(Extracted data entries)
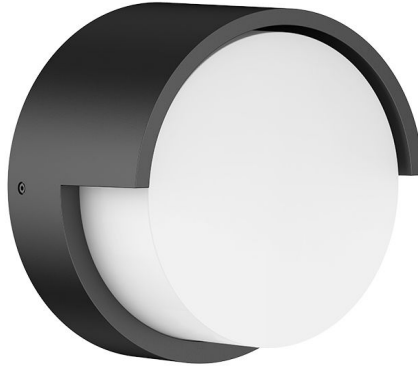

## Wandlamp | Ø125mm | 3W | IP65 | 2700-3000K

Dit IK08 wandarmatuur met UV-werend en corrosiebestendige kunststof is geschikt voor diverse (industriële) toepassingen. Denk aan verlichting van tunnels, parkeergarages of galerijen. Daarnaast is het armatuur ook in te stellen in twee lichtkleuren (2700K-3000K).

### Kenmerken

- ADC12 aluminium behuizing met goede warmteafvoer
- PC 94-V0 anti-UV kunststof behuizing
- 94-V2 corrosiebestendige diffuser
- IP65 waterdicht
- CCT-2 switch: instelbaar in 2700K en 3000K d.m.v. dip-switch in het armatuur
- Verkrijgbaar in twee afmetingen

Artikelcode: 136-250

Laatst gewijzigd: 05-02-2024

Merk: Tronix Lighting

Type: Wandverlichting

ETIM groep: EG000027 - Verlichtingsarmaturen

ETIM class: EC002892 - Plafond-/wandarmatuur

Synoniemen: Armatuur, Armatuur voor vochtige ruimte, Badkamerverlichtingsarmatuur, Bedverlichtingsarmatuur, Bedwandarmatuur, Beveiligingsarmatuur, Buitenarmatuur, Buitenlantaarn, Buitenverlichtingsarmatuur

## HOW TO COMPLETE THIS TASK
When you return the records, keep every word unchanged and drop the pictures.

## TASK RESULT
## Wandlamp | Ø125mm | 3W | IP65 | 2700-3000K

Dit IK08 wandarmatuur met UV-werend en corrosiebestendige kunststof is geschikt voor diverse (industriële) toepassingen. Denk aan verlichting van tunnels, parkeergarages of galerijen. Daarnaast is het armatuur ook in te stellen in twee lichtkleuren (2700K-3000K).

### Kenmerken

- ADC12 aluminium behuizing met goede warmteafvoer
- PC 94-V0 anti-UV kunststof behuizing
- 94-V2 corrosiebestendige diffuser
- IP65 waterdicht
- CCT-2 switch: instelbaar in 2700K en 3000K d.m.v. dip-switch in het armatuur
- Verkrijgbaar in twee afmetingen

Artikelcode: 136-250

Laatst gewijzigd: 05-02-2024

Merk: Tronix Lighting

Type: Wandverlichting

ETIM groep: EG000027 - Verlichtingsarmaturen

ETIM class: EC002892 - Plafond-/wandarmatuur

Synoniemen: Armatuur, Armatuur voor vochtige ruimte, Badkamerverlichtingsarmatuur, Bedverlichtingsarmatuur, Bedwandarmatuur, Beveiligingsarmatuur, Buitenarmatuur, Buitenlantaarn, Buitenverlichtingsarmatuur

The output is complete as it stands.